Вторая часть симфонии – необычный вальс размером не на три, как обычно, а на пять четвертей. Его мелодия грациозна, изящна, порой даже кокетлива. Меланхолично капризное танцевальное движение с оттенком стилизации. В среднем разделе появляются скорбные отзвуки первой части. А может быть, это – предчувствие финала? Но возвращается внешне безмятежный вальс. Лишь в его коду проникают грустные интонации.
Передышка кончилась. В третьей части, скерцо, сама жизнь с ее стихийной силой, с ее жестокой, неумолимой борьбой. Первоначальная суета, мелькание отдельных мотивов, красочная разноголосица постепенно кристаллизуются в марш – четкий, уверенный. Он все подчиняет себе, разрастаясь в колоссальную грозную и торжествующую силу.
Финал начинается как скорбная песнь о разбитых надеждах, может быть – о погибшей жизни. Удивительна главная тема. Это почти та же мелодия, что и в побочной партии первой части. Она начинается теми же звуками, в ней те же интервальные ходы, тот же взлет пассажа. Но изменилась тональность – си минор, мрачный, траурный вместо солнечного ре мажора. Мелодия не доводится до конца – она недопета, словно не хватает сил, и сникает трагически, уже не способная к великолепному распеву… Вторая тема, более светлая, на трепетном триольном фоне, также заимствована из побочной партии первой части, словно возвращает нас к другой ее стороне. Таким образом, весь финал основан на отдельных мотивах темы, символизировавшей в начале симфонии прекрасный и, как оказалось, недостижимый идеал. Лирическая и скорбная медленная заключительная часть симфонии несет в себе образы не только печали, но и сочувствия, протеста против несправедливости судьбы, тоски по недостижимому, недостигнутому идеалу, преклонение перед ним. Постепенно замирает, истаивает звучание. Завершился жизненный круг. Все растворилось в небытии.
Танеев
О композиторе
Сергей Иванович Танеев, (1856–1915)
Выдающийся русский музыкант и музыкальный деятель конца XIX века Сергей Иванович Танеев отличался разносторонностью, широтой и многогранностью творческих интересов. В историю русской музыкальной культуры он вошел как видный композитор, крупнейший музыкальный ученый, блестящий пианист, первоклассный педагог. «Великий русский музыкант, вся деятельность которого вызывает глубокое уважение. На музыке его лежит отпечаток мудрой сосредоточенности и принципиальности, путь искателя истины. Каждая мысль принимает у Танеева облик зрелого, обдуманного высказывания… Скромное сердце, душевное целомудрие и проницательный ум Танеева-человека составляли стройное единство. А диапазон идей и образов, порождаемых этим единством, был гигантский», – писал академик Асафьев.

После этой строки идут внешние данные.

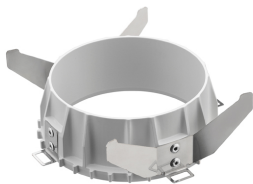

LIGHT SNIPER WALL-WASHER ROUND

| | |
|--------------------------------|---------------------------------------|
| Number of heads | 1 |
| Mounting | Ceiling recessed |
| Lamps description | Power LED 11W 910 lm 2700K CRI 90 |
| Luminaire luminous flux | Extreme Cut-off. See reference number |
| Voltage (V) | 220/240 |
| Environment | Indoor |

Light Sniper Wall-Washer Round
designed by FLOS Architectural

High-performance embedded light fixture for LED light source. Remote 220-240V power supply included.

03.4989.06 - 322lm Chrome

CERTIFICATIONS

Light Sniper Wall-Washer Round . Accessories

Optical

08.8041.68

Elliptical light distribution lens

Elliptical light distribution lens in 4mm thick tempered glass.

● 08.8412.14

Honeycomb

"Honeycomb" anti-glare grid made of aluminium cells.

Light Sniper Wall-Washer Round designed by FLOS Architectural

High-performance embedded light fixture for LED light source. Remote 220-240V power supply included.

● 03.4989.06 - 322lm Chrome

Mounting

○ 08.8239.00B

Ученик Чайковского и Николая Рубинштейна, Танеев стал учителем Рахманинова, Скрябина, Метнера, Глиэра. В области музыкальной науки он оставил капитальный труд по полифонии – «Подвижной контрапункт строгого письма». Основные произведения Танеева-композитора – симфония до минор, фортепианные трио и квинтет, грандиозная опера-трилогия «Орестея» по Эсхилу, кантаты «Иоанн Дамаскин» и «По прочтении псалма» – принадлежат к замечательнейшим страницам русской музыки.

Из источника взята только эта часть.